YOUR OBJECTIVE: Could you transcribe each entry below exactly, minus the images?
---------- RECORDS FOR THE EXERCISE ----------
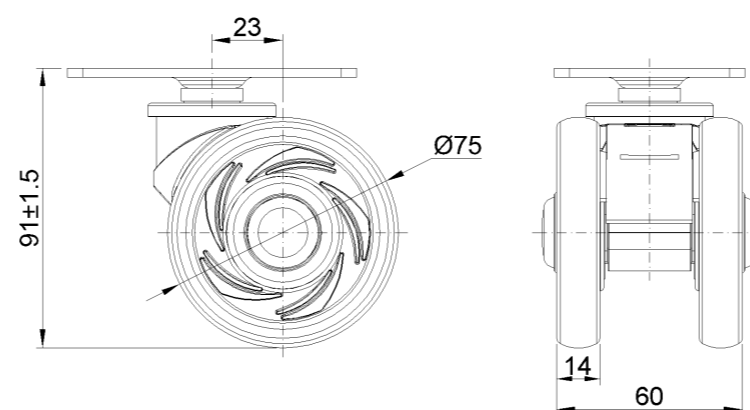

## 1146 46塑鋼雙球輪系列

雙球全效輪片 (全深灰) 輪徑 × 輪寬 75 × 14mm

EAN

KS-11460300452123

活动式脚轮，75x45底板  
珠光深灰色脚架采用聚丙烯增强料  
防锈，耐腐蚀，转动灵活，适用于低、中型台车  
耐冲击聚丙烯轮芯，热塑性弹性体(TPR)轮面  
深灰色，轮子轴承-精密滚珠

轮面：热塑性橡胶弹性体(TPR)  
轮芯：采用优质耐冲击聚丙烯

產品說明僅供參考一切以實體產品為主

圖片可能與原始產品有所落差

### 產品詳細規格

<input checked="" type="radio"/> 公制 <input type="radio"/> 英制	
輪徑	75mm
輪寬	60mm
輪子軸承	搭配滾珠軸承的輪子
底板規格	94 x 62mm
底板孔距	75 x 45mm
底板孔徑	11 x 8.6mm
偏心距	23mm
旋轉干涉	134mm
總高	84mm
旋轉半徑	67mm
硬度	72±5° Shore A
荷重(動態)	90kgs
荷重(靜態)	135kgs
溫度	-20°C to +60°C
腳架樣式	活動
不銹鋼	否
導電	否
抗靜電	否
腳輪重量	0.32kgs
測試標準	ISO22883

### 腳輪外觀尺寸2D圖檔
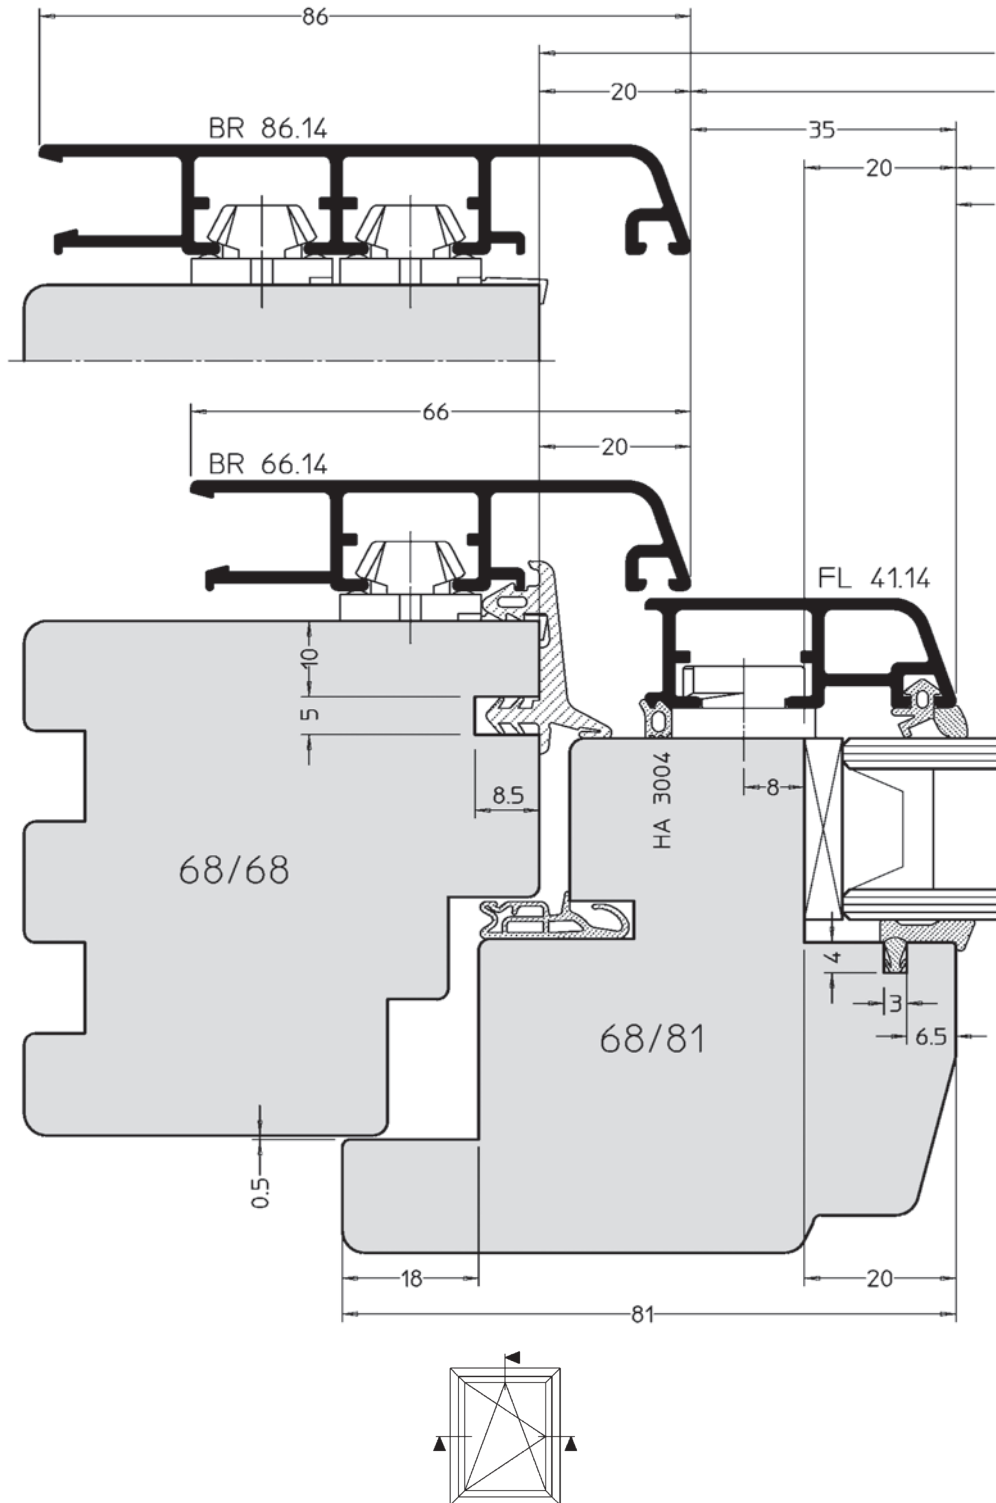

ALUMINIJSKI PROFILI

GUTMANN

MIRA
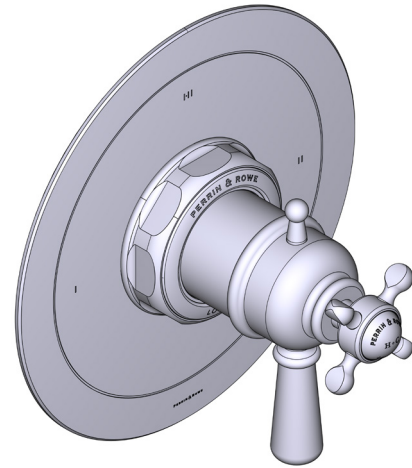

SPECIFICATIONS

DESCRIPTION

- Combines both thermostatic and pressure balance technologies
- “Set it and forget it” temperature control
- Temperature and volume control with diverter
- 2 dedicated functions and 1 shared function
- Rough-in valve sold separately:
 - Order R23 therm & pressure balance rough-in valve
 - 1-1/4” R23 extension kit available, order EXT23KIT114
 - 3/4” R23 extension kit available, order EXT23KIT34

CARTRIDGE

- 0-925 (Included)

STANDARDS

- ASME A112.18.1

WARRANTY

- Most products or parts carry “Limited Warranties” against manufacturing defects. For US customers please visit houseofrohl.com/support and for Canadian customers please visit houseofrohl.ca/support for complete product and finish warranty.

Edwardian™ 1/2” Therm & Pressure Balance Trim with 3 Functions (Shared)

CORE MODEL: U.TEW23W1

cUPC®

For warranty or additional information, contact:

US Customers

U.S.A.
houseofrohl.com/support
1-800-777-9762

SPÉCIFICATIONS

DESCRIPTION

- Combine à la fois les technologies thermostatique et d'équilibrage de la pression
- Contrôle de la température du type préréglage absolu
- Contrôle de la température et du débit avec inverseur
- 2 fonctions distinctes et 1 fonction partagée
- Soupape de plomberie brute vendue séparément :
 - Commander une soupape de plomberie brute thermostatique à équilibrage de pression n° R23
 - Trousse de rallonge de la soupape n° R23 de 1 1/4 po disponible, commander la trousse n° EXT23KIT114
 - Trousse de rallonge de la soupape n° R23 de 3/4 po disponible, commander la trousse n° EXT23KIT34
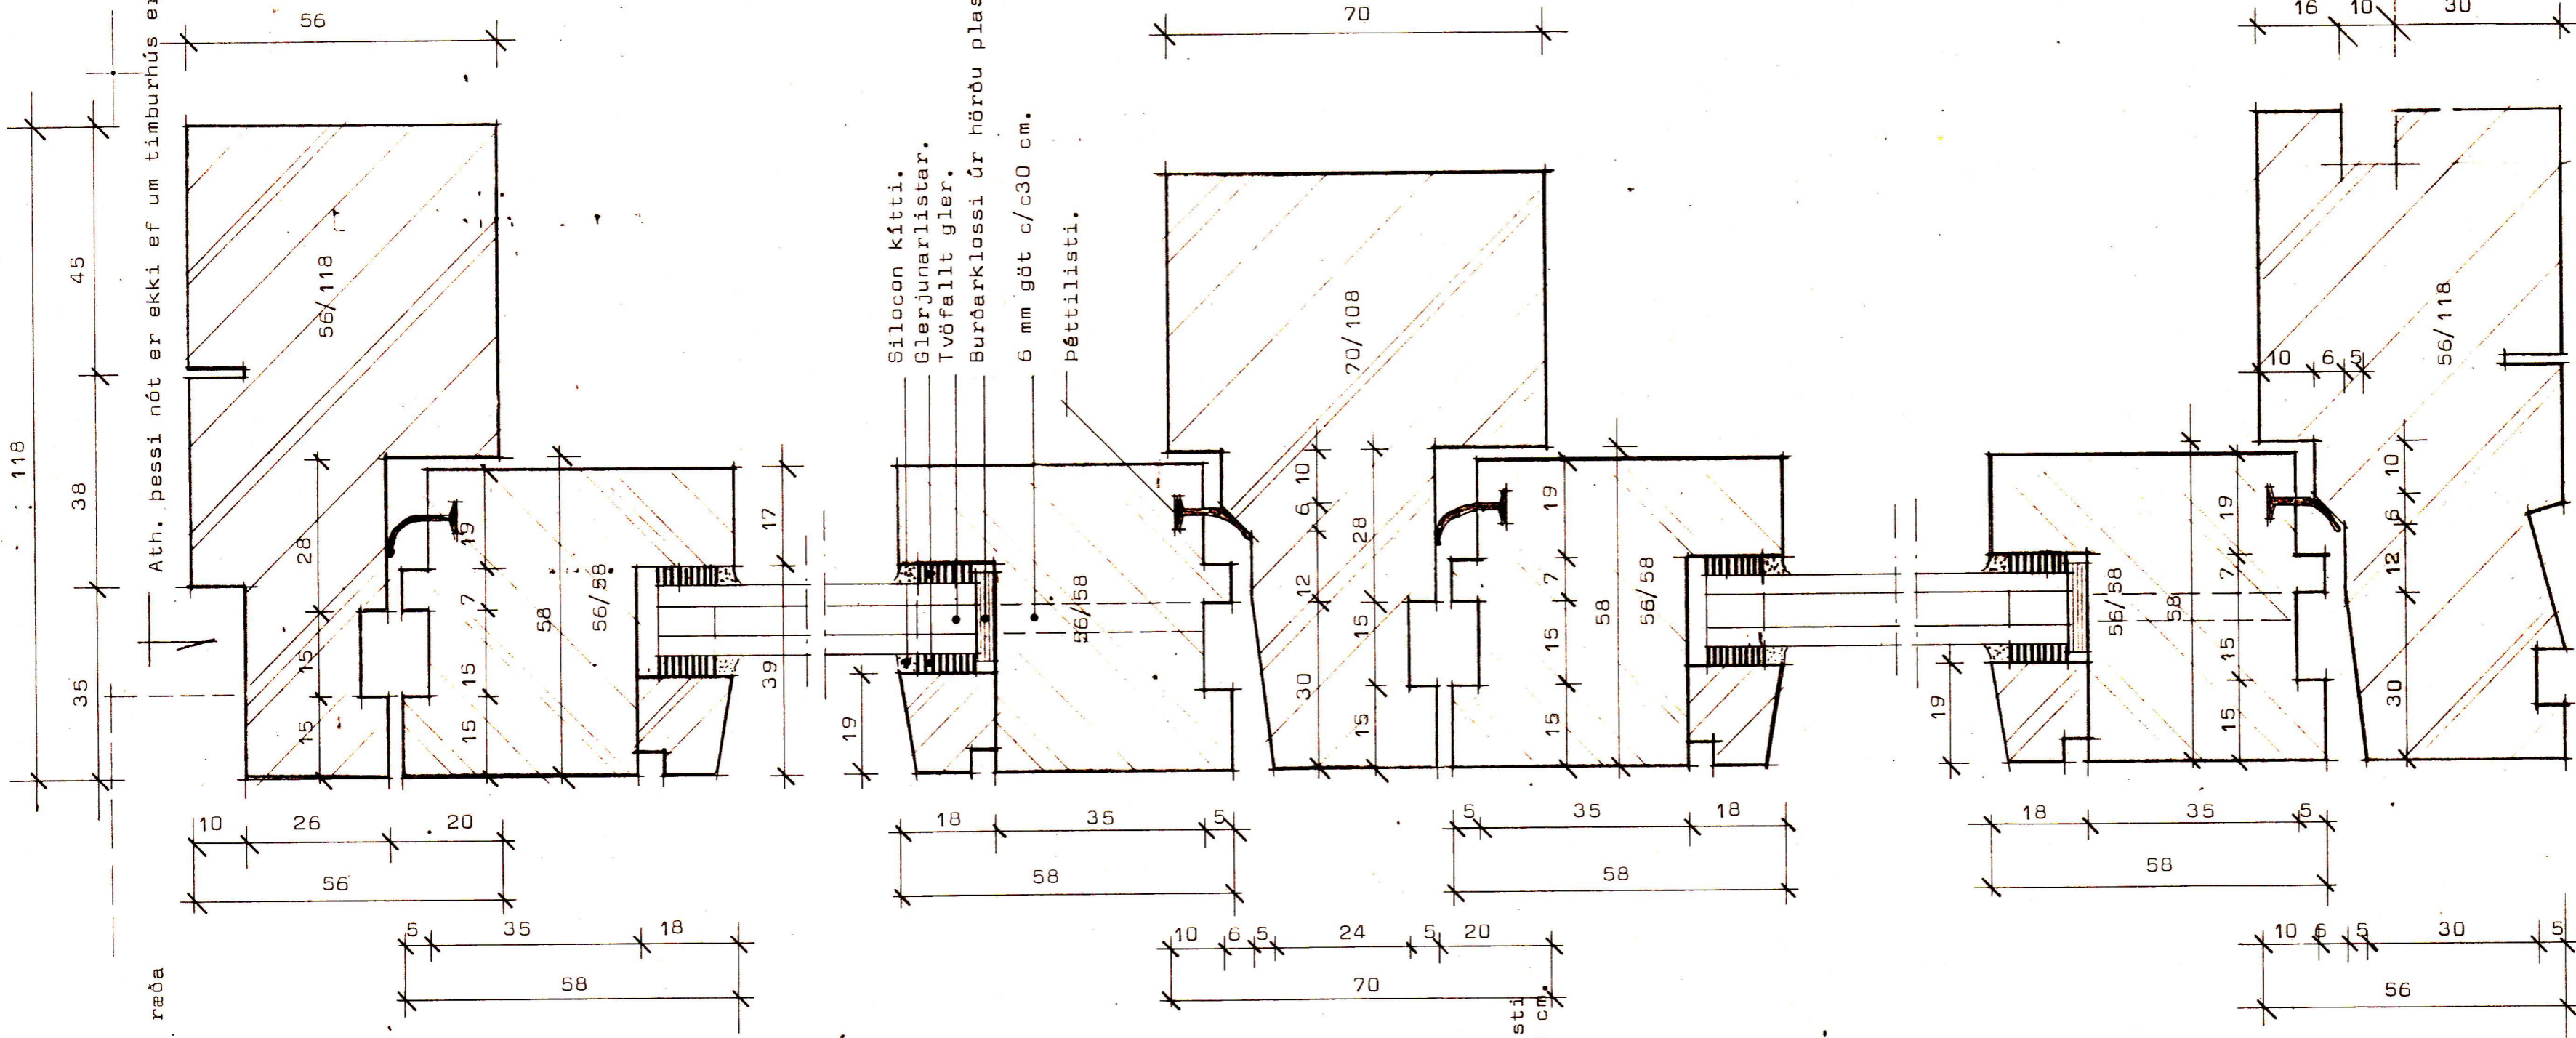

20-3-81

BYGGINGAFULLTRÚINN / VESTMANNAEYJUM

Vallur Kristjánsson

LÓDRÉTT SNIÐ OPNANLEGIR GLUGGAR

LÓDRÉTT SNIÐ FAST GLER

Allir gluggar séu fúavarðir frá verkstæði
Opnanlegir gluggar eru topphengdir.

STAÐALHÚS FS

TEIKNISTOFA SÚDURLANDSBRAUT 20 SIMI 83141

VERKEFNI	DAGS.	VERK NR
GLUGGAR	MKV. 1:1	
Lódrétt snið	BR.	
	BLAD NR	

SIGURDUR GUDMUNDSSON   Sigurdur P. Kristjánsson

SIGURDUR GUDMUNDSSON   SIGURDUR P. KRISTJÁNSSON   FTFÍ
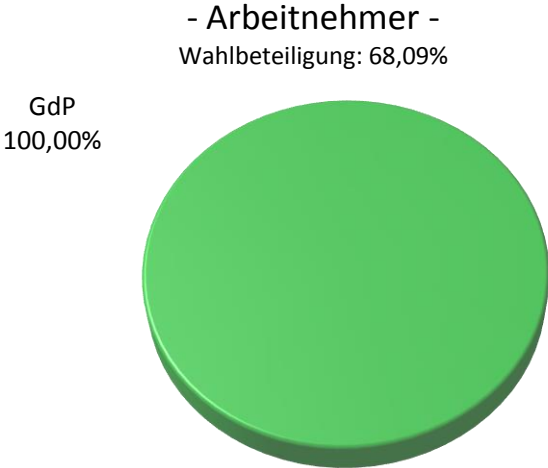

Personalratswahlen 2016

LR Rheinisch-Bergischer-Kreis

Abstimmungsergebnis

Quelle: Gewerkschaft der Polizei NRW – vorläufiges Wahlergebnis
----------
TASK OUTPUT:
## 1146 46塑鋼雙球輪系列

雙球全效輪片 (全深灰) 輪徑 × 輪寬 75 × 14mm

EAN

KS-11460300452123

活动式脚轮，75x45底板  
珠光深灰色脚架采用聚丙烯增强料  
防锈，耐腐蚀，转动灵活，适用于低、中型台车  
耐冲击聚丙烯轮芯，热塑性弹性体(TPR)轮面  
深灰色，轮子轴承-精密滚珠

轮面：热塑性橡胶弹性体(TPR)  
轮芯：采用优质耐冲击聚丙烯

產品說明僅供參考一切以實體產品為主

圖片可能與原始產品有所落差

### 產品詳細規格

<input checked="" type="radio"/> 公制 <input type="radio"/> 英制	
輪徑	75mm
輪寬	60mm
輪子軸承	搭配滾珠軸承的輪子
底板規格	94 x 62mm
底板孔距	75 x 45mm
底板孔徑	11 x 8.6mm
偏心距	23mm
旋轉干涉	134mm
總高	84mm
旋轉半徑	67mm
硬度	72±5° Shore A
荷重(動態)	90kgs
荷重(靜態)	135kgs
溫度	-20°C to +60°C
腳架樣式	活動
不銹鋼	否
導電	否
抗靜電	否
腳輪重量	0.32kgs
測試標準	ISO22883

### 腳輪外觀尺寸2D圖檔

ALUMINIJSKI PROFILI

GUTMANN

MIRA

SPECIFICATIONS

DESCRIPTION

- Combines both thermostatic and pressure balance technologies
- “Set it and forget it” temperature control
- Temperature and volume control with diverter
- 2 dedicated functions and 1 shared function
- Rough-in valve sold separately:
 - Order R23 therm & pressure balance rough-in valve
 - 1-1/4” R23 extension kit available, order EXT23KIT114
 - 3/4” R23 extension kit available, order EXT23KIT34

CARTRIDGE

- 0-925 (Included)

STANDARDS

- ASME A112.18.1

WARRANTY

- Most products or parts carry “Limited Warranties” against manufacturing defects. For US customers please visit houseofrohl.com/support and for Canadian customers please visit houseofrohl.ca/support for complete product and finish warranty.

Edwardian™ 1/2” Therm & Pressure Balance Trim with 3 Functions (Shared)

CORE MODEL: U.TEW23W1

cUPC®

For warranty or additional information, contact:

US Customers

U.S.A.
houseofrohl.com/support
1-800-777-9762

SPÉCIFICATIONS

DESCRIPTION

- Combine à la fois les technologies thermostatique et d'équilibrage de la pression
- Contrôle de la température du type préréglage absolu
- Contrôle de la température et du débit avec inverseur
- 2 fonctions distinctes et 1 fonction partagée
- Soupape de plomberie brute vendue séparément :
 - Commander une soupape de plomberie brute thermostatique à équilibrage de pression n° R23
 - Trousse de rallonge de la soupape n° R23 de 1 1/4 po disponible, commander la trousse n° EXT23KIT114
 - Trousse de rallonge de la soupape n° R23 de 3/4 po disponible, commander la trousse n° EXT23KIT34

20-3-81

BYGGINGAFULLTRÚINN / VESTMANNAEYJUM

Vallur Kristjánsson

LÓDRÉTT SNIÐ OPNANLEGIR GLUGGAR

LÓDRÉTT SNIÐ FAST GLER

Allir gluggar séu fúavarðir frá verkstæði
Opnanlegir gluggar eru topphengdir.

STAÐALHÚS FS

TEIKNISTOFA SÚDURLANDSBRAUT 20 SIMI 83141

VERKEFNI	DAGS.	VERK NR
GLUGGAR	MKV. 1:1	
Lódrétt snið	BR.	
	BLAD NR	

SIGURDUR GUDMUNDSSON   Sigurdur P. Kristjánsson

SIGURDUR GUDMUNDSSON   SIGURDUR P. KRISTJÁNSSON   FTFÍ

Personalratswahlen 2016

LR Rheinisch-Bergischer-Kreis

Abstimmungsergebnis

Quelle: Gewerkschaft der Polizei NRW – vorläufiges Wahlergebnis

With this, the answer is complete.